= Hot pursuit =

Urgent chase of a criminal suspect

Hot pursuit (also known as fresh or immediate pursuit) is the urgent and direct pursuit of a criminal suspect by law enforcement officers, or by belligerents under international rules of engagement for military forces. Such a situation grants the officers in command powers they otherwise would not have.

==Common law jurisdictions==
===English law ===
Hot pursuit has long formed a part of English common law. The principle can be traced back to the doctrine of distress damage feasant, which allowed a property owner to detain animals trespassing on his land to ensure that he was compensated for the damage they had caused. In particular, a case in 1293 held that a property owner could also chase after trespassing animals leaving his land and catch them if he could. Later cases extended this idea to allow a property owner to distrain the goods of a tenant behind on his rent outside his property (in Kirkman v.
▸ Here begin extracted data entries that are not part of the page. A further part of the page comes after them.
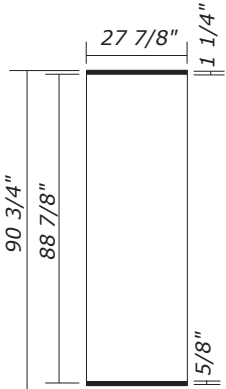

Full height panel sizes

Graphic: 27 15/16
Fabric: 27 7/8

ECP1 Main panel
ECP26 120 1/8"
ECP25 149 1/2"
GRA-EV1

Graphic: 29 13/16
Fabric: 29 3/4

ECP2 End panel
GRA-EV2

ECP3 Flatwall panel
GRA-EV11

ECP4 Convex panel
GRA-EV3

ECP5 End panel for
Island Flatwall

***ECP6** Island end panel
ECP27 120 1/8"
ECP28 149 1/2"

***ECP7**
Right connector panel

***ECP8**
Left connector panel

***ExpoDisplays does not recommend hinging graphic panels.**

Miscellaneous panel Sizes

•Tiered end panel size

•Backlit Bubble panel size
(full height)

ECP34 Tiered end panel
*Bottom strip is flush with bottom
of panel on back side.

GRA-EVB90K Bubble Panel
(graphic only)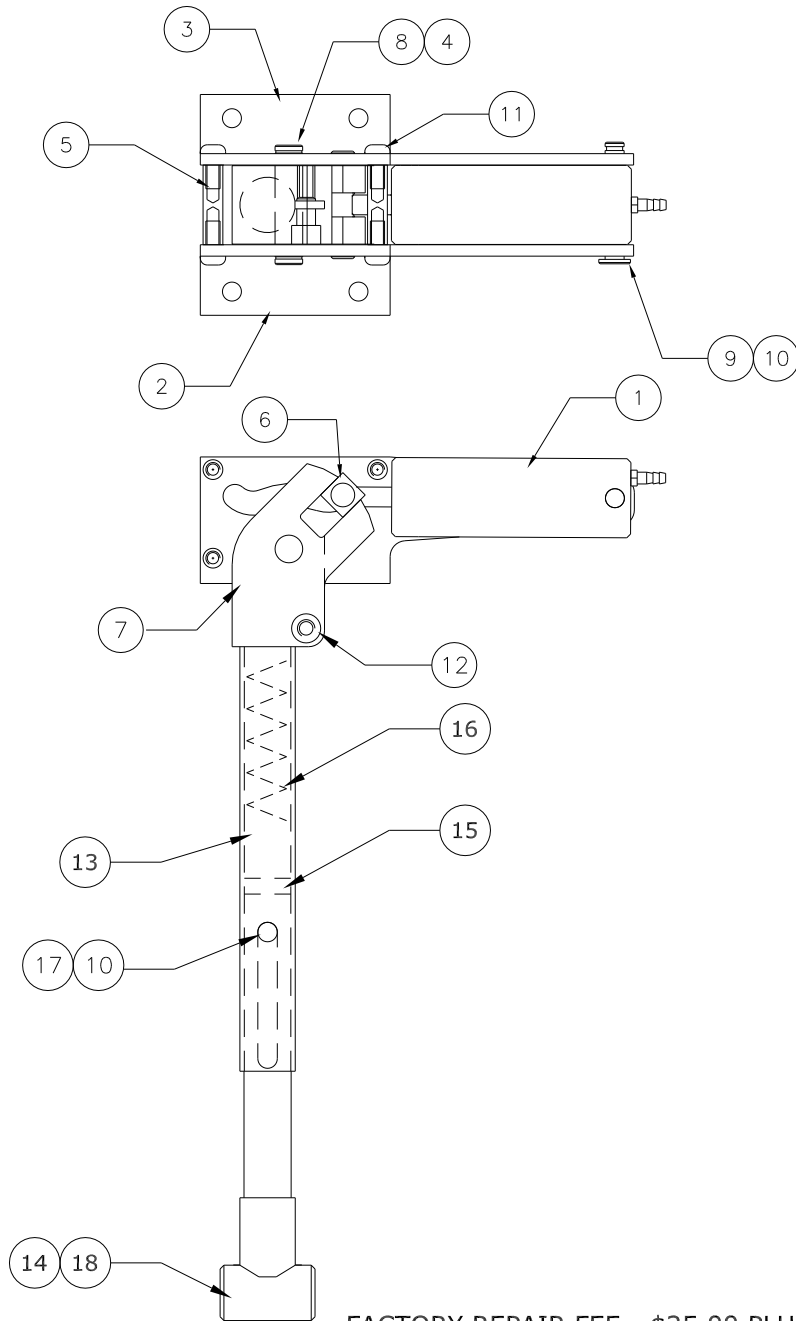

** THIS IS YOUR SPARE PARTS LIST. SAVE FOR FUTURE REFERENCE, ORDER BY PART NUMBER. CURRENT PRICES WILL BE QUOTED.**

FACTORY REPAIR FEE= \$25.00 PLUS PARTS

SPARE PARTS LIST

QTY	ITEM	NOTE	DESCRIPTION	ASS'Y/PART #
1	1		CYLINDER ASSEMBLY	550-420A
1	2		SIDE FRAME LH	550-014M
1	3		SIDE FRAME RH	550-015M
2	4		PIVOT RETAINING RING	.1125F
3	5		FRAME SPACER (BAR)	530-021M
2	6		CAM FOLLOWER	530-030M
1	7		TRUNION	550-001M
1	8		PIVOT PIN	530-026M
1	9		CLEVIS PIN	.150-012M
2	10		RETAINING RING	.1039F
6	11		#4-40 x 3/16 BHSMS	.1047F
1	12		#6-32 x 3/8 SHCS	.1048F
1	13		STRUT WELDMENT	BOOM-103A
1	14		OLEO RAM WELDMENT	BOOM-104A
1	15		SPRING PLUG	660-007M
1	16		SPRING - 2 1/2" LONG	660-006P
1	17		CLEVIS PIN	620-012M
1	18		AXLE BAG ASSEMBLY	AF15-142A
	19			

CHK'D BY

DRAWN BY
J. REHAK

DATE **10/06**

MODEL No.
700BBOOM

robart
www.robart.com

MFG. INC.
625 N. 12TH ST.
ST. CHARLES, IL
(630)584-7616

TITLE
**700 BABY BOOMERANG
MAIN GEAR SPARE PARTS LIST**

Lelly in 1314) and peace officers to make arrests outside their jurisdiction.

In 1939, Glanville Williams described hot pursuit as a legal fiction that treated an arrest as made at the moment when the chase began rather than when it ended, since a criminal should not be able to benefit from an attempt to escape.

Because of its pedigree in English law, the principle has been exported to many former colonies of the British Empire, including the United States and Canada.

===United States law===
Under United States law, hot pursuit is an exigent circumstance that allows police to arrest a criminal suspect on private property without a warrant, which would generally be a violation of the Fourth Amendment prohibition on unreasonable searches, seizures, and arrests. The Supreme Court first articulated this principle in Warden v. Hayden in 1967.

===Canadian law===
The Supreme Court of Canada held in R. v. Macooh in 1993 that the right of a police officer in hot pursuit to make an arrest on private property, which it described as "well settled at common law", extended to summary offences as well as indictable offences.

==International law==
The international law principle of hot pursuit is comparable in certain respects to the common law principle, but was probably conceived independently. It began to coalesce into a general custom of international relations during the early years of the 20th century, although the general principle had been advanced before in national legislation such as the British Hovering Acts. The participating states at the League of Nations Codification Conference of 1930 broadly agreed on the validity of the right of hot pursuit, but the proposed convention on territorial waters in which it was included was never ratified. It was finally codified as Article 23 of the Geneva Convention on the High Seas in 1958.

The Geneva Convention on the High Seas was eventually folded into the United Nations Convention on the Law of the Sea. Article 111 of the latter treaty grants a coastal state the right to pursue and arrest ships escaping to international waters, as long as:

1. The pursuers are competent authorities of the state;
2. They have good reason to believe that the pursued ship has violated the state's laws or regulations;
3. The pursuit begins while the pursuing ship is in the State's internal waters or territorial waters; and
4. The pursuit is continuous.

If the foreign ship is within a contiguous zone, the Exclusive Economic Zone (EEZ), the Continental Shelf, the Safety Zones in the EEZ or the Continental Shelf, then the pursuit may only be undertaken if there has been a violation of the rules and regulations (customs, fiscal, immigration or sanitary laws and regulations of the coastal state) as applicable in the respective regimes (areas, zones).

The right of hot pursuit ceases as soon as the ship pursued enters the territorial sea of a foreign state.

Where a coastal state, stopping or arresting a foreign ship outside the territorial sea on the basis of its right of hot pursuit, fails to justify the exercise, it shall be liable to compensate the ship for any loss or damage caused to it due to the exercise of this right.

This right is particularly relevant to fisheries management, maritime pollution laws, and the seaborne illegal drug trade.

In addition, some have proposed translating the maritime right of hot pursuit into a comparable right to pursue criminals over land borders. Although it does not form a settled tenet of international law, the principle has been invoked by the United States regarding Taliban militants crossing into Pakistan, by Turkey regarding its attacks on Kurdistan Workers Party bases in northern Iraq, and by Colombia regarding its raid on a Revolutionary Armed Forces of Colombia camp in Ecuador, which led to the 2008 Andean diplomatic crisis.

==Other laws==
For borders between the countries of the Schengen Area, hot pursuit over the borders is allowed. This is described by articles 41–43 of the Schengen Agreement, although exact details on distance from the border etc. are described by bilateral agreements.